Obama Foreclosure Plan Aims to Help up to Nine Million Homeowners

February 18, 2009 No Comments »

foreclosure mess

President Obama and the Treasury Department today unveiled a much anticipated foreclosure prevention plan that will rely heavily on mortgage financiers Fannie Mae and Freddie Mac to assist at-risk borrowers.

The so-called “Homeowner Affordability and Stability Plan” will attack foreclosures on a number of different fronts, depending upon the borrower’s situation, while providing incentives to participating homeowners, mortgage lenders, and servicers.

For those looking to refinance that have Fannie and Freddie owned or guaranteed loans, but are unable to do so because their loan-to-value exceeds 80 percent, guidelines will be eased to facilitate such refinancing.

This measure alone is expected to help between four and five million homeowners obtain more affordable and sustainable mortgage payments.

To ensure the government-sponsored entities are able to continue to support the mortgage market, Treasury will provide up to $200 billion in capital to the pair via preferred stock purchases.

Additionally, the Treasury will continue to purchase Fannie Mae and Freddie Mac mortgage-backed securities in an effort to keep interest rates low and improve liquidity in the secondary market.

Under the agreement, the GSEs’ retained mortgage portfolios will be increased by $50 billion to $900 billion.

Another three to four million homeowners will receive assistance through a $75 billion “Homeowner Stability Initiative.”

Borrowers would receive loan modifications that lower the housing debt-to-income ratio to 31 percent, via both voluntary lender reductions and government subsidies.

In some cases, government-sponsored modifications would provide below-market mortgage rates for five years, after which they would adjust upward at a moderate pace until reaching the average rate for a conforming loan during the time of the modification.

Once a modification is complete, borrowers will receive $1,000 per year, for up to five years, in incentive pay that will go towards the principal balance of the mortgage, if they continue to make payments.

Loan servicers will receive an upfront fee of $1,000 for each completed loan mod, as well as incentives of up to $1,000 each year for three years if the borrower stays current on the new loan.

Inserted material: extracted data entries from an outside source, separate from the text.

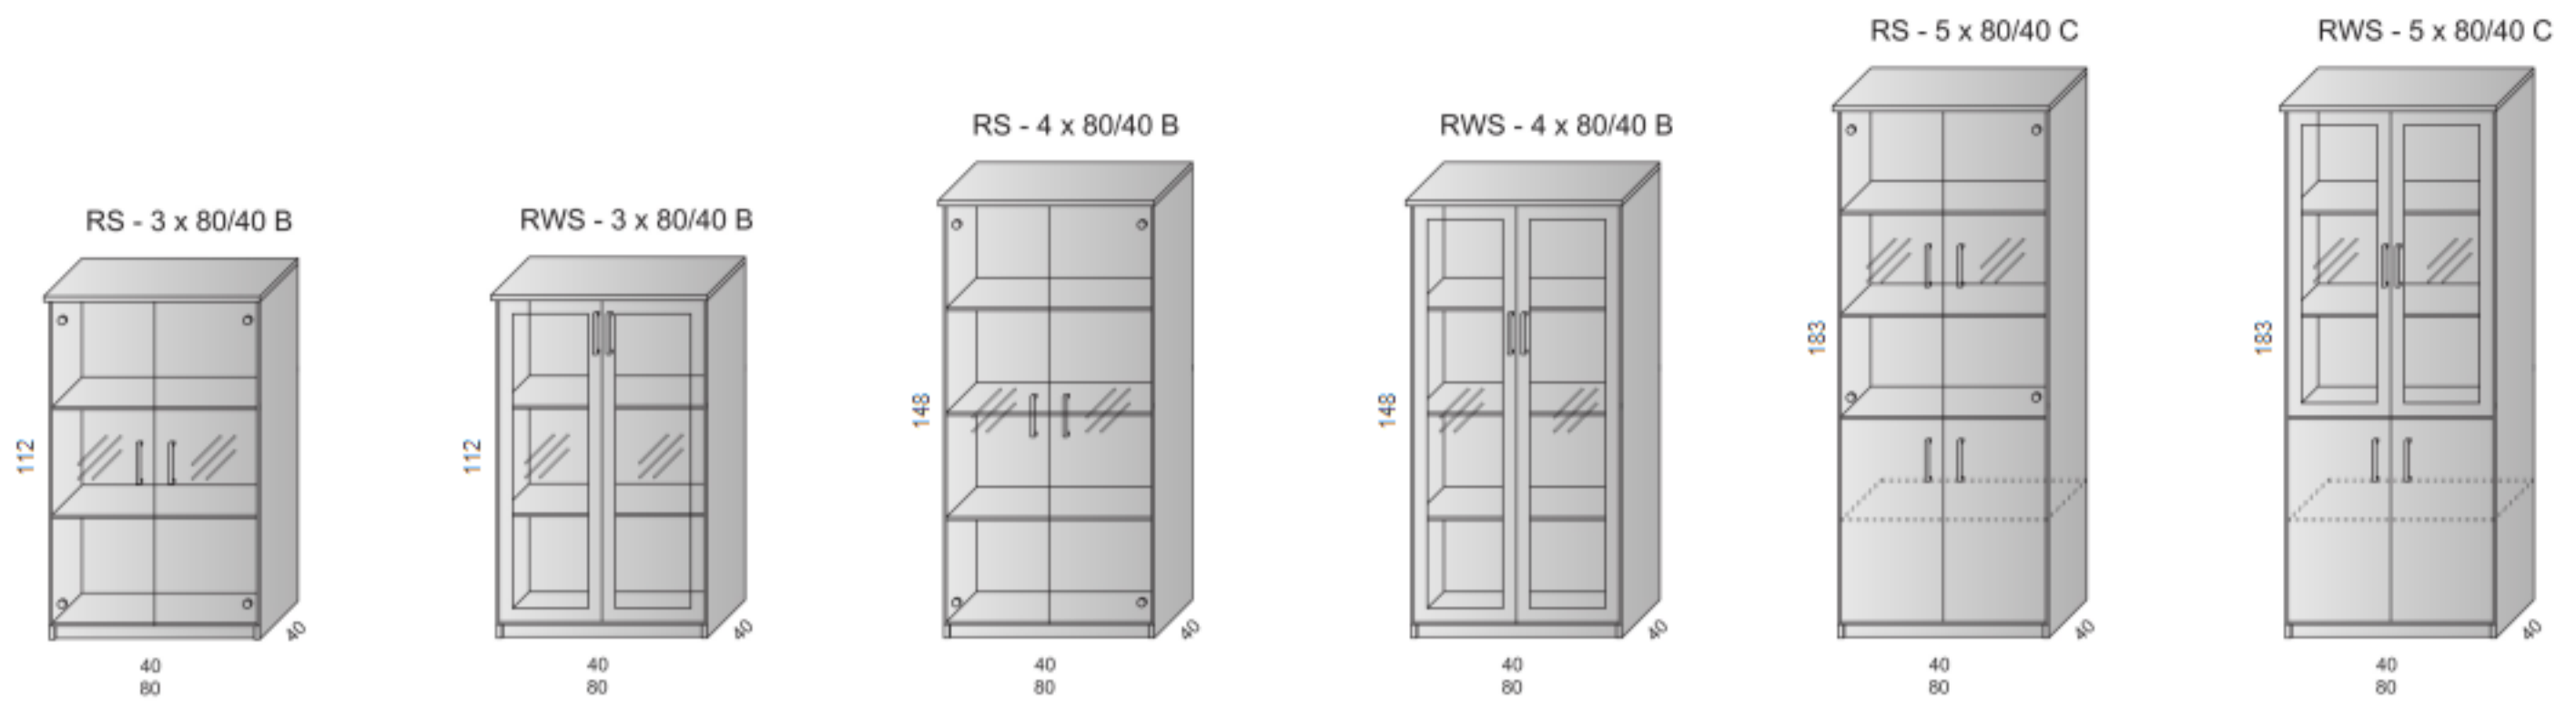

Regały szklone

Szafy ubraniowe

W szafach ubraniowych zamki dostępne za dopłatą.

Regały narożne

Regały aktywne z drzwiami płytowymi są wyposażone w zamki. W przypadku drzwi szklonych lub z żaluzją zamki dostępne za dopłatą. Producent zastrzega sobie prawo do wprowadzania zmian w zakresie danych technicznych.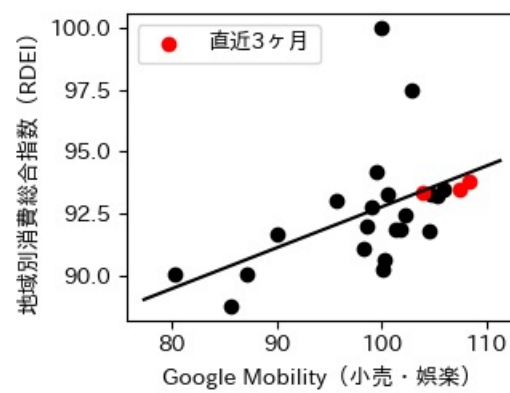

山形県

※灰色の帯は緊急事態宣言・まん延防止等重点措置実施期間に対応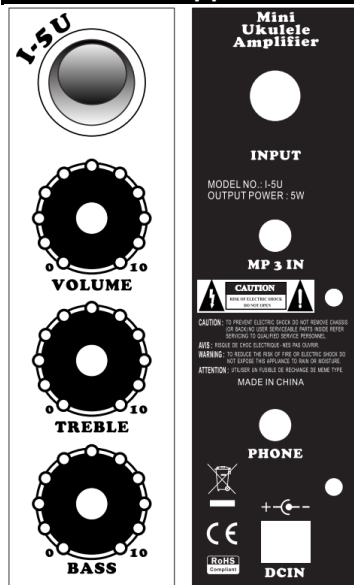

ОБЩАЯ ИНФОРМАЦИЯ

Нам очень приятно, что Вы решили приобрести миниусилитель производства BELCAT. Благодарим Вас за этот выбор!

ВНЕШНИЙ ВИД И ЭЛЕМЕНТЫ УПРАВЛЕНИЯ

POWER – Выключатель питания

Регулятор VOLUME – регулятор громкости усилителя, от нуля до полной мощности.

Регулятор TREBLE – регулятор высоких частот.

Регулятор BASS – регулятор низких частот.

Вход INPUT – разъем подключения инструмента.

Разъем MP3 IN – подключите MP3 плеер или любое другое внешнее устройство.

Ни при каких обстоятельствах не снимайте заднюю панель усилителя, когда он подключен к электросети.

СПЕЦИФИКАЦИЯ

Модель	I-5U
Выходная мощность	5Вт
Динамик	5 дюймов, 4 Ома
Габариты	230(Ш)х185(В)х120(Г)
Вес	1,9 кг (включая батарейки)
Батарейка	9В (тип 6F22 "Крона")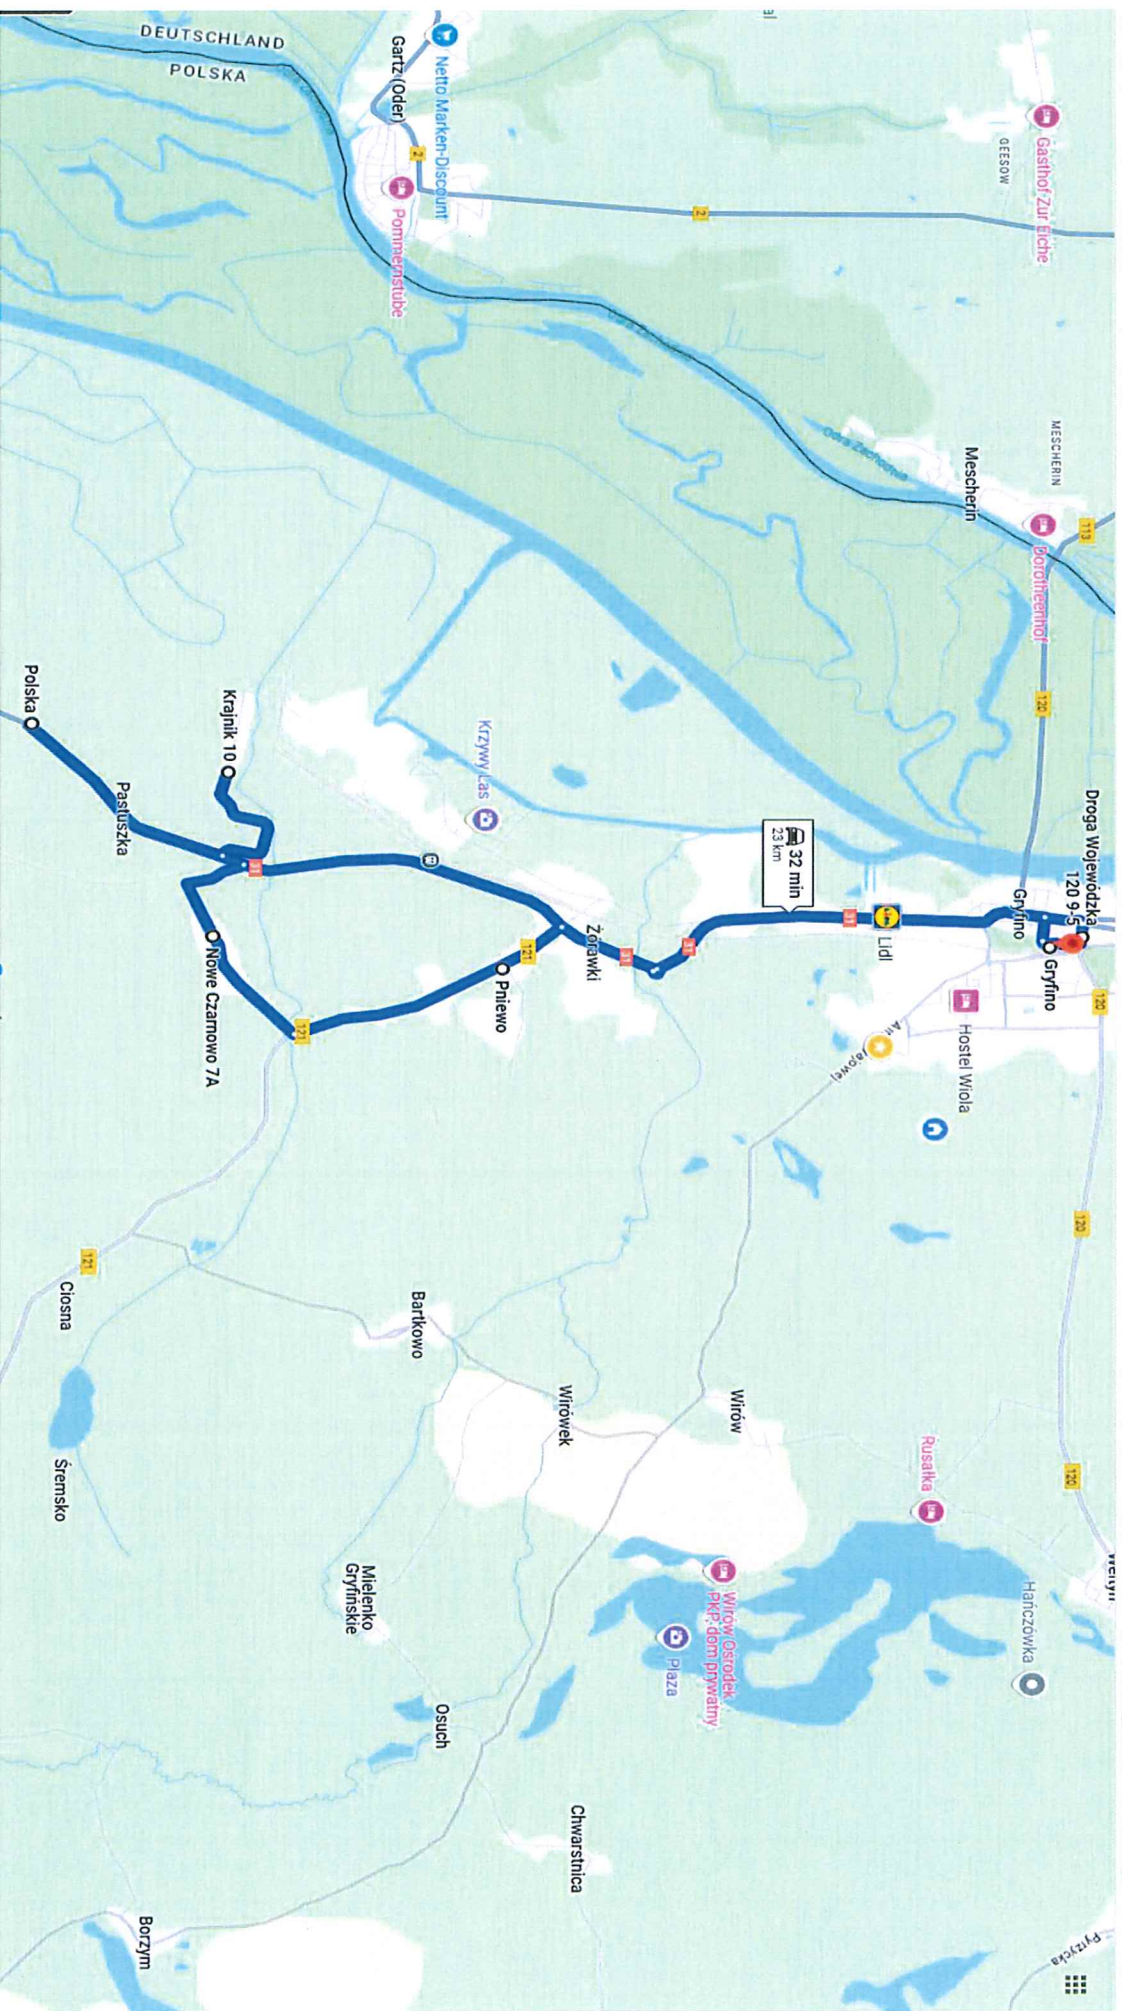

# Nowe Czarnowo (Dolna Odra) – Radziszewo przez: Pniewo – Gryfino - Daleszewo

# Linia nr 4 Gryfino – Gryfino przez: Gardno – Sobieradz – Chwarstnica

## Linia nr 5

Gryfino – Sobieniński przez: Bartkowo – Mielenko Gryfińskie – Borzym - Dołgie

## Linia nr 6

Gryfino – Gryfino przez: Krajnik – Krzywnica – Nowe Czarnowo - Pniewo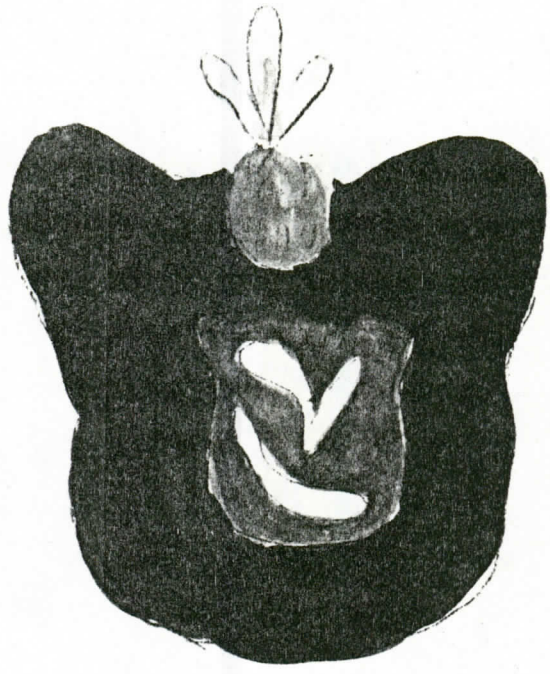

Kangasalan kirkko
väritutkimus 1984
saarna tuolin yläosa
alkuperäiset värit

Outi Romtala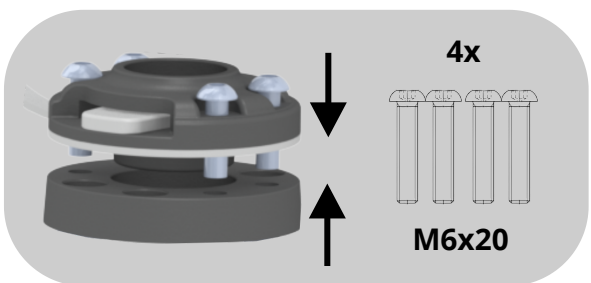

1

2

3

4

5

!

В комплект не входит крепеж для установки монтажной шайбы на палубу или переборку.

Для сборки вам понадобится:

4 мм

Запасной крепеж:

Винт М6х16 - 1шт.

Винт М6х20 - 1шт.

Гайка М6 - 2шт.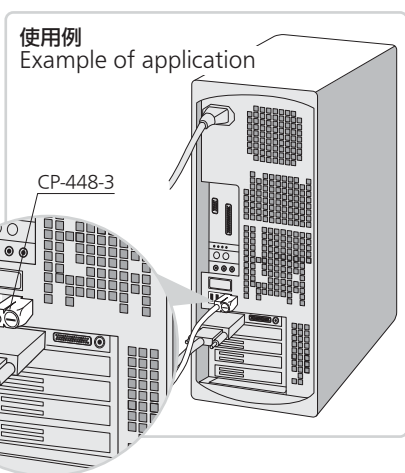

セキュリティ・キーパッチコードアダプタ Security key patch code

CP-448-3

LANケーブルを抜けなくします。

使用例
Example of application

鍵の種類 Key type

鍵違い (T800 ~ T899)
Key differences 任意で定めた番号により作られた鍵で、鍵番号は異なります。
Keys made with arbitrarily assigned numbers, with key numbers differing.

同番 (111T)
Keyed alike 製品に組込まれている錠前で、鍵番号は同一です。
Lock is mounted in product, with key numbers being the same.

指定番号
Specified number お客様指定の番号にて製作します。
お問合せください。
Customer-specified numbers can also be made.

商品番号 Product No.	RoHS 10	備考 Remarks	製品質量(g) Mass	コード Code
CP-448-1		同番 Keyed alike	9	23785
		鍵違い Key differences		23786
CP-448-2		同番 Keyed alike	12	23787
		鍵違い Key differences		23788
CP-448-3		同番 Keyed alike	25	23823
		鍵違い Key differences		23824

●: RoHS10指令対応品 ▲: RoHS10指令に対応可能です。

Additionally, an incentive payment of $500 will be paid to servicers, and an incentive payment of $1,500 will be paid to mortgage holders, if they modify at-risk loans before a borrower becomes delinquent

Lenders would be encouraged to modify loans thanks to a partial guarantee program, which would create an insurance fund at a size of up to $10 billion.

“Holders of mortgages modified under the program would be provided with an additional insurance payment on each modified loan, linked to declines in the home price index,” Treasury said on its website.

Treasury will develop uniform guidelines for the loan modifications, which will be used for the Administration’s new foreclosure prevention plan, and mirrored by lenders participating in government aid programs.

Other measures to reduce foreclosures include principal balance reductions during bankruptcy, $2 billion in neighborhood stabilization funds, and improved flexibility of Hope for Homeowners and other FHA loan programs.

Complete details will be provided on March 4 when the program is launched.